--- Data for this exercise Enclosed Below ---

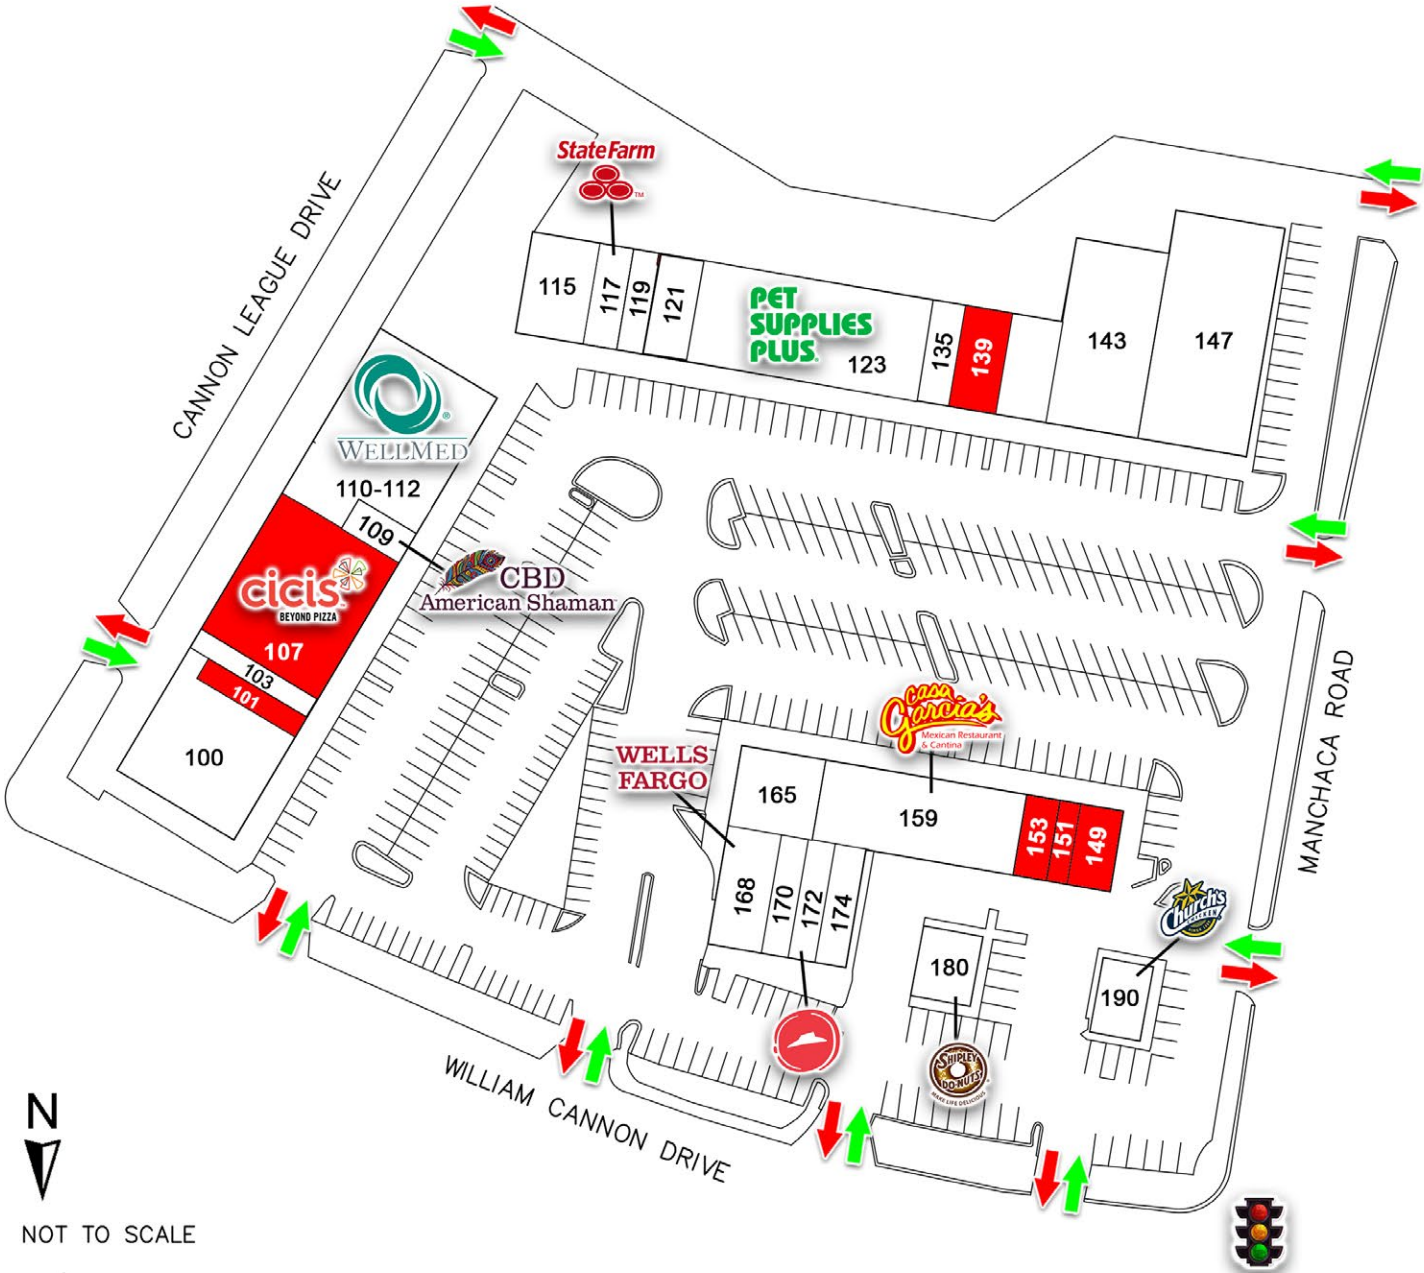

TOWNE SQUARE | 1901 W William Cannon Dr, Austin, Texas 78745

OVERVIEW

- 1,300 SF - 5,000 SF Available
- 2nd Generation Restaurant Available
- Located at the southeast corner of William Cannon Dr & Manchaca Rd
- Hard Corner, Signalized Intersection
- High Profile Shopping Center in the heart of South Austin
- Extensive exterior renovations completed in 2018
- Excellent Visibility and Easy Access
- Call for Pricing and NNN

TRAFFIC COUNTS

William Cannon Dr: 29,888 VPD (TXDOT 2019)

Manchaca Rd: 30,332 VPD (TXDOT 2018)

DEMOGRAPHICS

	1-mile	3-mile	5-mile
2021 Population	17,681	132,098	311,309
Daytime Pop.	14,527	120,900	294,820
Avg HH Income	\$92,204	\$88,606	\$102,844

TOWNE SQUARE | 1901 W William Cannon Dr, Austin, Texas 78745

- Pad Capital Texas Ice
- 100 City of Austin
- 101 1,828 SF AVAILABLE**
- 103 Capitol Cleaners
- 107 Cici's Pizza (operating but AVAILABLE - 5,000 SF)**
- 109 American Shaman
- 110-112 WellMed Medical
- 115 Hao Hao Restaurant
- 117 State Farm
- 119 Supreme Cuts
- 121 Accent Trophies
- 123 Pet Supplies Plus
- 135 Austin Gifts & tobacco
- 137 Scott Branyon, DDS
- 139 1,640 SF AVAILABLE**
- 143 Vida Dental
- 147 Betsy's Billiards
- 149 Torres Hair Designs (operating but AVAILABLE - 1,300 SF)**
- 151 Dirty Dog (operating but AVAILABLE - 600 SF)**
- 153 South Austin Pet Clinic (operating but AVAILABLE - 988 SF)**
- 159 Casa Garcia's
- 165 Old School Liquor & Market
- 168 Wells Fargo
- 170 Living Color Nails
- 172 Pizza Hut
- 174 C&C Retail
- 180 Shipley's Donuts

NOT TO SCALE

TOWNE SQUARE | 1901 W William Cannon Dr, Austin, Texas 78745

--- End of Enclosed Data for this exercise ---

Exercise: Return a copy of each line in the entries that carries the string "Pizza".

Solution below:
- 107 Cici's Pizza (operating but AVAILABLE - 5,000 SF)**
- 172 Pizza Hut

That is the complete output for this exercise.